Buzi F, Bezante T, Brunori A, Notarangelo L D, Ugazio A G
Department of Paediatrics, University of Brescia, Italy.
J Pediatr Endocrinol Metab. 1995 Jan-Mar;8(1):61-5. doi: 10.1515/jpem.1995.8.1.61.
We report a 2 month-old infant referred for failure to thrive. At birth, weight was 3820 g and length 52 cm. After physiologic weight loss, the patient showed no further weight gain for the next two months. On admittance (age 2 mo), weight was 3340 g and length 53 cm; the infant had severe dystrophy, generalized hypotonia and dehydration; blood chemistry showed hyponatremia, hyperkalemia and hypochloremia.

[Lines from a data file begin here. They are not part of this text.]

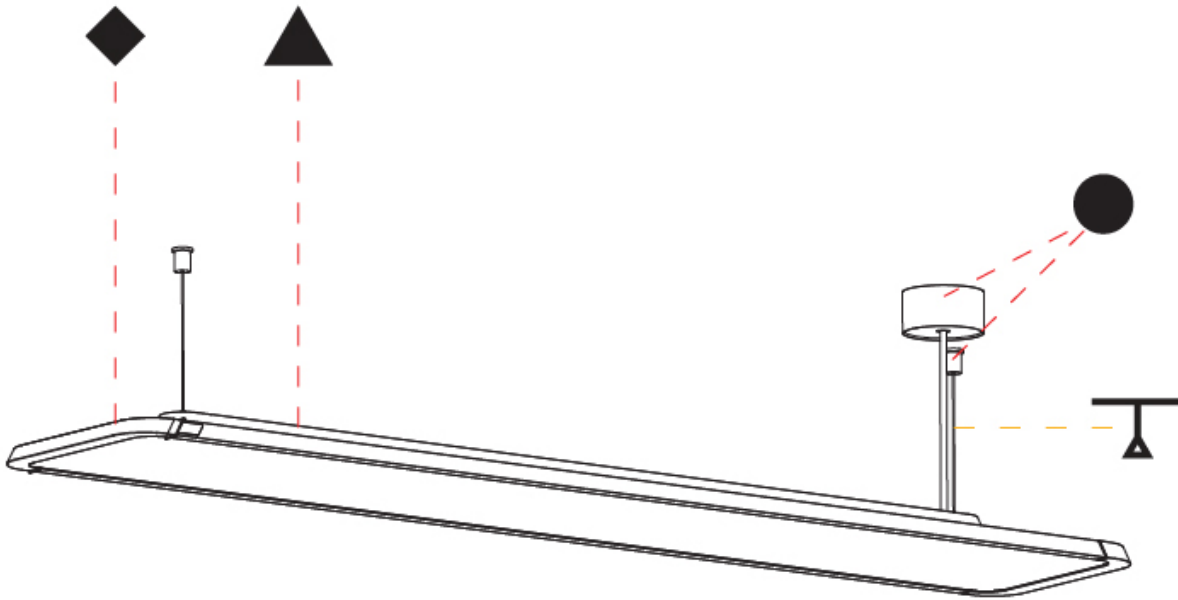

A300407-

PROJECT
TYPE
SPECIFIER
QUANTITY
DATE
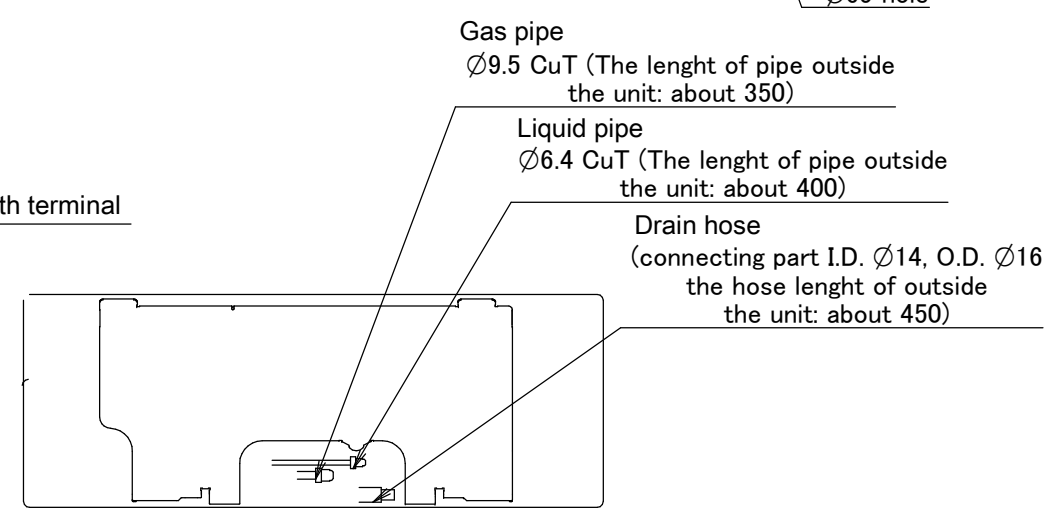

Adresa: Str. Heliade Între Vii, nr. 8,  
Sec. 2, București

Standard location of holes in the wall

Wireless remote control

Required installation space

Blade angle

The mark (→) shows piping direction

Top view

Front view

Side view

↑ Recommended mounting plate retention spots (7 spots in all)

Installation plate FTXB50-60C

Model	Dimension	A	B	C	D	E	F	G	H	I	J	K	L	M
FTXB50-60C		1065	310	228	190	173	61	40	45	48	91	219	580	45
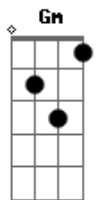

© ukulele-chords.com
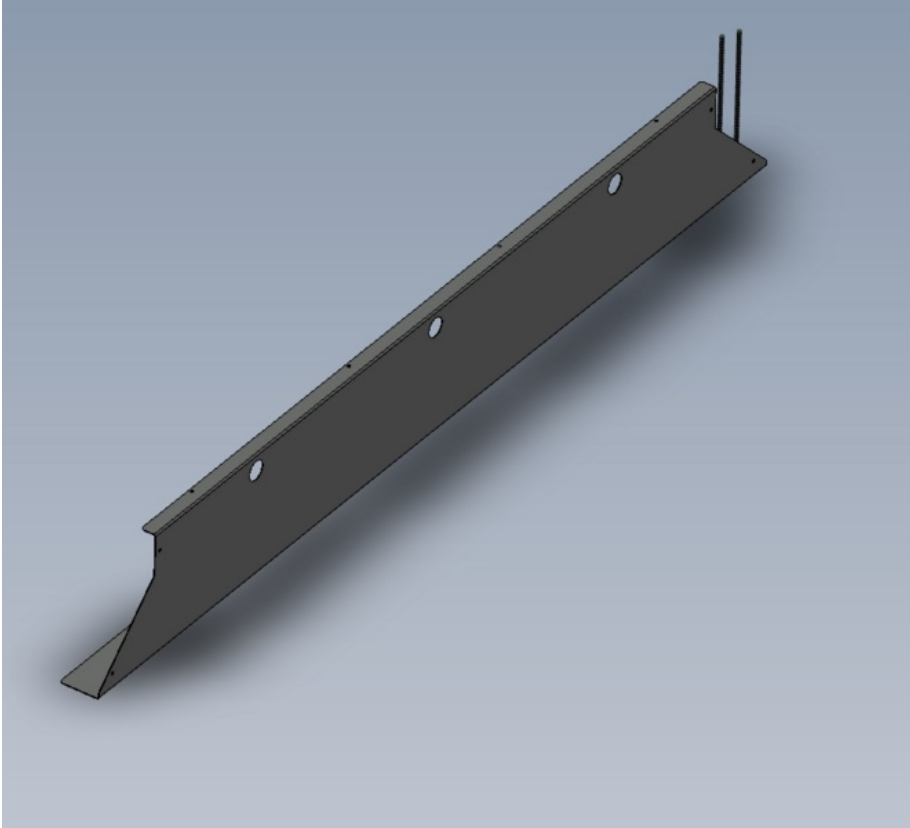

# Fichier:R0015265 Mount Infeed arm covers and End guards Screenshot 2023-08-17 143815.png



R0015265\_Mount\_Infeed\_arm\_covers\_and\_End\_guards\_Screenshot\_2023-08-17\_143815
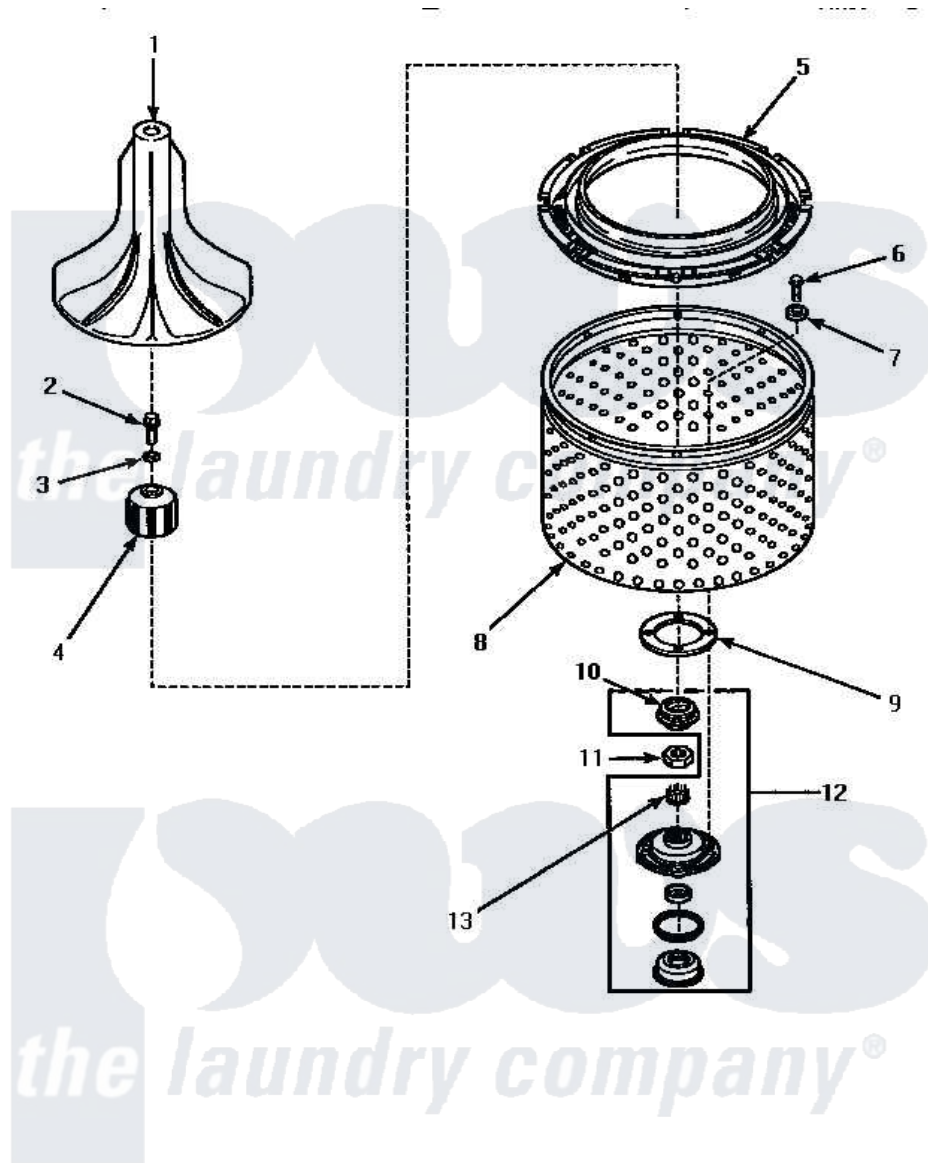

Amana AWM270W 02 - AGITATOR/DRIVE BELL/SEAL KIT/TUB & HUB

AGITATOR, DRIVE BELL, SEAL KIT, WASHTUB AND HUB

Amana [Residential Amana AWM270W Washer Parts](#) Parts Diagram 02 - AGITATOR/DRIVE BELL/SEAL KIT/TUB & HUB

[Click on the part number to view part](#)

Item	Original Part Number	Replaced By	Status	Part Description
1	33514	40000501W		Agitator, Flex Vane
2	34288	40065102		Screw, Shoulder 1/4
3	36472			O-Ring
4	34504P	R9900189		Kit, Drive Bell And Seal
5	35035			Guard, Clothes
6	27202	W1011678Z		Screw
7	28094			Gasket
8	33503P	39240P		Wash Tub
9	27125	39122		Gasket, Washtub
10	34184	R9900189		Kit, Drive Bell And Seal
11	Y29220	40016301		Nut, Lock
12	495P3	R9900552		Hub And Seal
13	29728	40008301		Insert, Spline
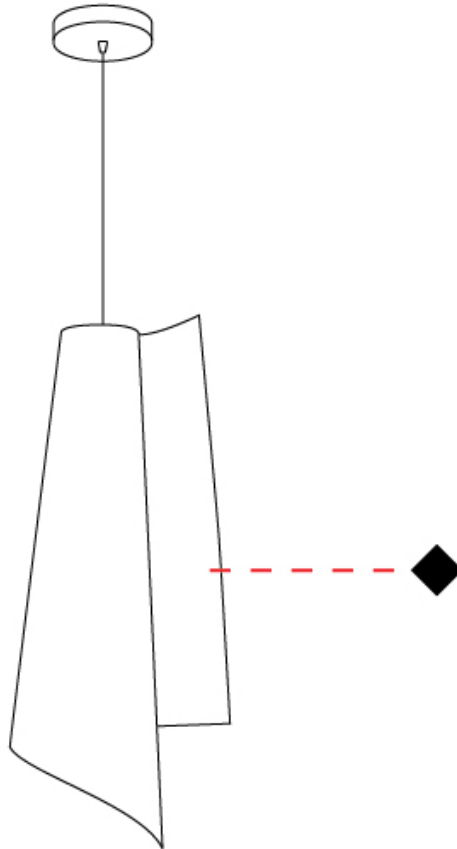

VELA SUSPENSION

D61085-

PROJECT _____

TYPE _____

SPECIFIER _____

QUANTITY _____

DATE _____

D
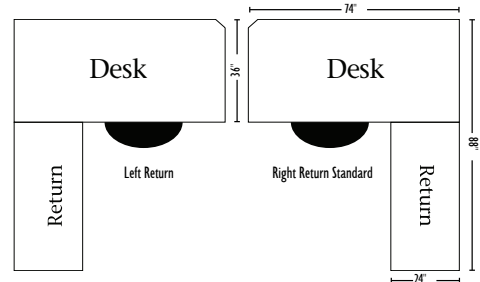

MODESTO

Corner Desk & Hutch

Hutch Sits on Return Side

MT Hutch

82w x 16d x 48h

Standard Features

- Fits on MRD-36 or MRD-30
- Reverse raised panel doors
- Adjustable shelves
- Unfinished back
- D553-BL Mission Period hardware

Options include other hardware styles. Shown with optional D552-BL hardware.
Rustic Hickory with Sandstone Stain

MRD-36 Corner Desk

74w x 36d x 31h

Return Desk

52w x 24d x 31h

MRD-30 Corner Desk

74w x 30d x 31h

Return Desk

52w x 24d x 31h

Standard Features

- Left or right return
- Finished back on desk
- No cord hole
- Pencil drawer on desk side
- Keyboard pull-out on return side
- Full-extension drawer slides
- Letter-size hanging files
- D553-BL Mission Period hardware
- MRD-36 will have a 6" overhang
- MRD-30 will have a 2" overhang

Options include MT Hutch, other hardware styles, and tower door.
Rustic Hickory with Sandstone Stain

MRD-36
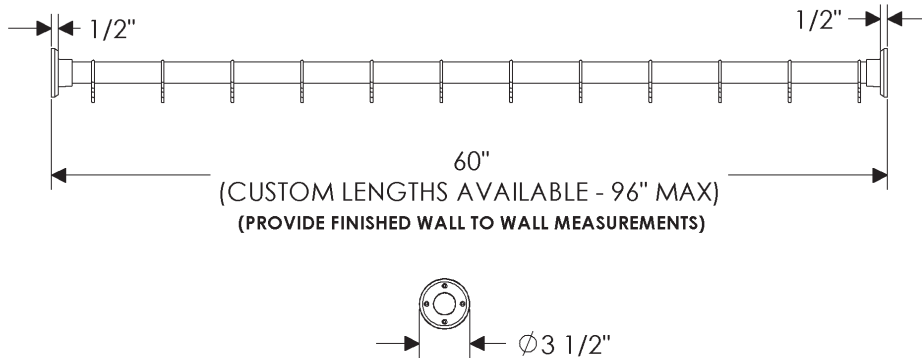

- Specify metal, patina, and length.

SR Shower Curtain Rod and Brackets with Hooks

SR Shower Curtain Rod (60") and Brackets with 12 Hooks	$2,072.00
(May be cut shorter to specification.)	
SR901 Shower Curtain Rod Only (60")	$1,268.00
SRB901 Shower Curtain Rod Bracket Only (each)	$ 120.00
SRH901 Shower Curtain Rod Hook Only (each)	$ 47.00

- For lengths over 60" (96" max) add $32.00 list per inch to pricing listed.
- Weight: 7 lbs. per foot

A salt losing syndrome of adrenal origin was hypothesized. However, rehydration and hydrocortisone administration failed to correct hyponatremia and hyperkalemia. Endocrine assessment showed high levels of aldosterone and plasma renin activity, suggesting pseudohypoaldosteronism. Oral sodium chloride supplementation normalized electrolyte balance and the patient showed progressive weight gain and catch-up growth, confirming the diagnosis.
我们报告一名因生长发育迟缓前来就诊的2个月大婴儿。出生时,体重3820克,身长52厘米。生理性体重减轻后,患儿在接下来的两个月内体重未再增加。入院时(2个月龄),体重3340克,身长53厘米;婴儿有严重营养不良、全身肌张力减退和脱水;血液生化检查显示低钠血症、高钾血症和低氯血症。推测为肾上腺源性失盐综合征。然而,补液和给予氢化可的松未能纠正低钠血症和高钾血症。内分泌评估显示醛固酮水平和血浆肾素活性升高,提示假性醛固酮减少症。口服补充氯化钠使电解质平衡恢复正常,患儿体重逐渐增加并实现追赶生长,从而确诊。